If you love wine country cuisine, now is an ideal time to visit places that offer delicious food in beautiful settings.

The majestic roaring falls, cheesy souvenirs, goofy Clifton Hill attractions… all part of the Niagara Falls experience. But Buffalo Magazine wondered: Could hungry guys and gals tired from a day of touring get a great Ontario wine country dinner amid all this touristy stuff?

The answer is “yes” at the restaurant named AG Inspired Cuisine located in the Sterling Inn and Spa on Magdalen Avenue.

It’s really not a stretch to think that eventually Niagara’s wine country dining – more associated with Niagara-on-the-Lake and the Twenty Valley – would find its way to the city of Niagara Falls.

To that end, it appears to have arrived full force via AG’s chef Cory Linkson. Like many good men of the stove, Linkson gathered his experience at restaurants across the North American map before returning to his Niagara roots and settling in as executive chef at AG.

As most of us know, one of the biggest changes in the modern culinary landscape is just that – the “land” – knowing where our food comes from and eating with the earth’s natural cycles, not against them. To that end, “regional-seasonal” has become the buzz-word of today’s chefs, including Linkson.

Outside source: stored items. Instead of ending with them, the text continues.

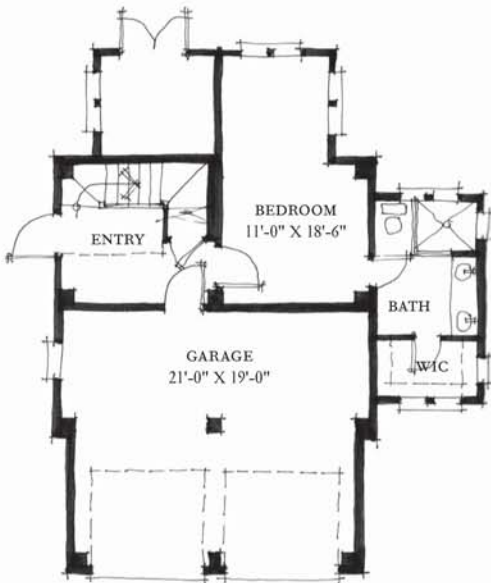

SOUTHERN LIVING
IDEA HOUSE GARAGE
Homesite 35
Whisper Mountain

1141 Heated
Square Feet

1 Bedrooms

1 1/2 Baths

Dimensions
32'-0" x 39'-0"

Identification
#NC0069

First Floor Plan
473 Square Feet

Second Floor Plan
490 Square Feet

Third Floor Plan
178 Square Feet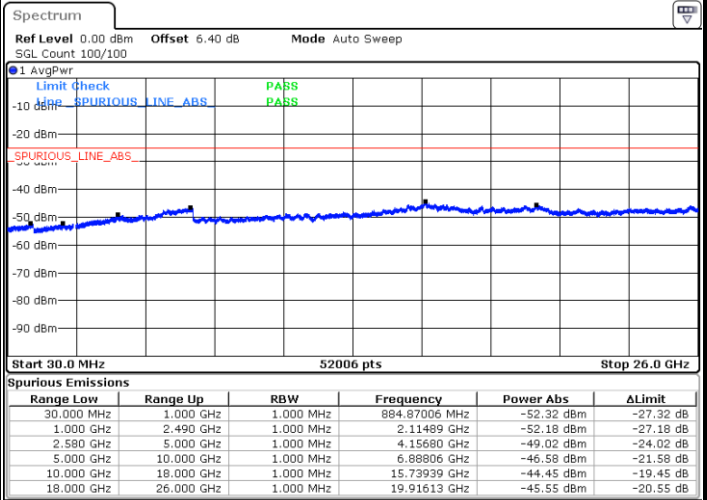

Lowest Channel / 64QAM

Middle Channel / 64QAM

Date: 6 JUN 2019 05:00:00

Date: 6 JUN 2019 05:00:54

Highest Channel / 64QAM

Date: 6 JUN 2019 05:01:48

LTE Band 7 / 15MHz

Lowest Channel / 64QAM

Date: 6 JUN 2019 05:12:49

Middle Channel / 64QAM

Date: 6 JUN 2019 05:13:42

Highest Channel / 64QAM

Date: 6 JUN 2019 05:14:36

LTE Band 7 / 20MHz

Lowest Channel / 64QAM

Middle Channel / 64QAM

Date: 6 JUN 2019 05:21:05

Date: 6 JUN 2019 05:21:59

Highest Channel / 64QAM

Date: 6 JUN 2019 05:22:52

LTE Band 38 / 5MHz

Lowest Channel / QPSK

Date: 6 JUN 2019 06:01:55

Lowest Channel / 16QAM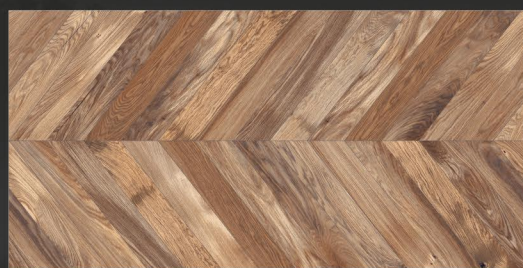

FRENCH WOODS NATURAL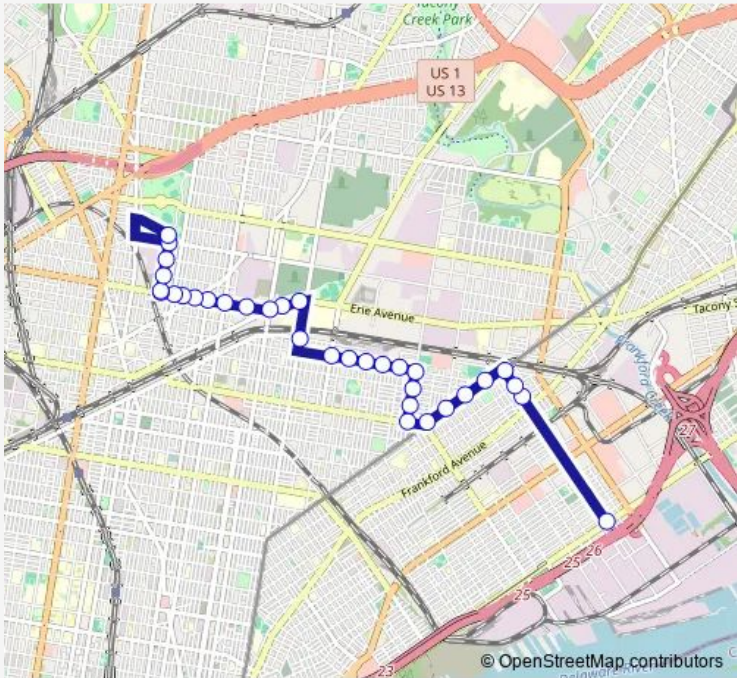

Bus 428 Richmnd-Vnango to 10th-Lycomng

[Go to website](#)

Direction
 Richmond St & Venango St — Lycoming St & 10th St
 33 stops
[Open route schedule](#)

- Richmond St & Venango St
- Venango St & Emerald Av
- Venango St & Jasper St
- Venango St & Kensington Av
- Kensington Av & K St
- Kensington Av & J St
- Kensington Av & I St
- Kensington Av & Allegheny Av
- Allegheny Av & G St
- G St & Westmoreland St
- G St & Ontario St
- G St & Tioga St
- Tioga St & F St
- Tioga St & E St
- Tioga St & D St
- Tioga St & C St - Fs
- Tioga St & B St
- Front St & Venango St
- Erie Av & Front St - MBFS
- Erie Av & Roberto Clemente Walk
- Erie Av & 2nd St

Route schedule
 Richmond St & Venango St — Lycoming St & 10th St

Monday	07:14
Tuesday	07:14
Wednesday	07:14
Thursday	07:14
Friday	07:14
Saturday	—
Sunday	—

Route info
 Direction: Richmond St & Venango St
 Stops: 33
 Trip Duration: 0 hour 28 min

10th St & Erie Av - Fs

10th St & Butler St

10th St & Pike St

10th St & Luzerne St

Lycoming St & 10th St

Direction

Lycoming St & 10th St — Richmond St & Venango St

23 stops

Route schedule

Lycoming St & 10th St — Richmond St & Venango St

Monday 14:50

Tuesday 14:50

Wednesday 14:50

Thursday 14:50

Friday 14:50

Saturday —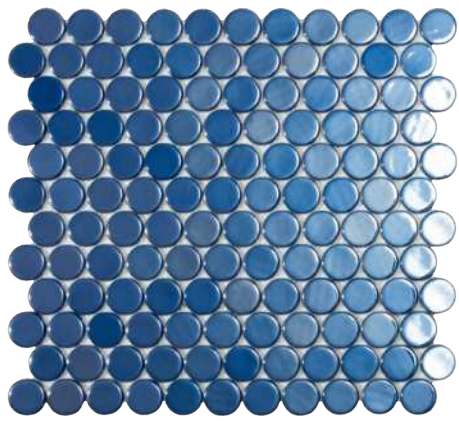

6004 CIRCLE DARK BLUE BR

While cooking seasonally sounds good in theory, what about chefs like Linkson, who cook in cold climates? Is it a challenge to secure local ingredients? Linkson says his suppliers and ingredients may change, but that only provides his diners with a brand new outlook.

“It’s not a constraint at all,” says Linkson. “Every season gives you an opportunity to create using a clean template of new flavors. Seasons come and go, and so do the items. It is actually quite refreshing and inspiring.”

Linkson says he never uses an ingredient out of season.

“It’s a new restaurant menu week-to-week and sometimes day-today. I enjoy being surprised by each trip to the farm. What will the farmer have for me? What will I get to make for my guests tonight?”

During the year Linkson scours the Niagara region for seasonal ingredients, utilizing specific items in everything from appetizers to desserts.

For example, St. Catharines Lakeland Farm duck breast is used to create a symphony of cold-weather flavors on a plate that includes a caramelized onion croquette and red sovereign grape gastrique.

Quebec’s Fromagerie La Detour goats’ milk cheese shows up in, of all things, a bruleé on the appetizer menu, which highlights the complex flavors of caramelized goats’ milk in vegetable ash, served with a cinnamon squash salad, apple preserves and an apple allspice vinaigrette.

Finding farms, growers and products is part of the challenge.

“It’s a crude science. You have to be out there every day. I am always finding new suppliers by accident, word of mouth or by driving past the farm and stopping in. Now that the restaurant has a reputation, I occasionally have a farmer show up at my door with samples and treats.”

Eating seasonally both at home and restaurants just makes sense. Those of us living in the north are actually lucky with our four seasons. We can follow our cravings from sweet potatoes and tart apples in fall to delicate asparagus in the spring to juicy peaches in the summer.

“At its core this is the proper way to eat,” said Linkson. “It just feels right to be eating farm fresh products at the right season. It reminds me of my Nana’s garden. The garden follows the season. Asparagus and strawberries lead to beans and zucchini, which lead to corn, tomato and peppers. Picking fresh for dinner and preserving what you can’t eat. Isn’t this the way it always was done?”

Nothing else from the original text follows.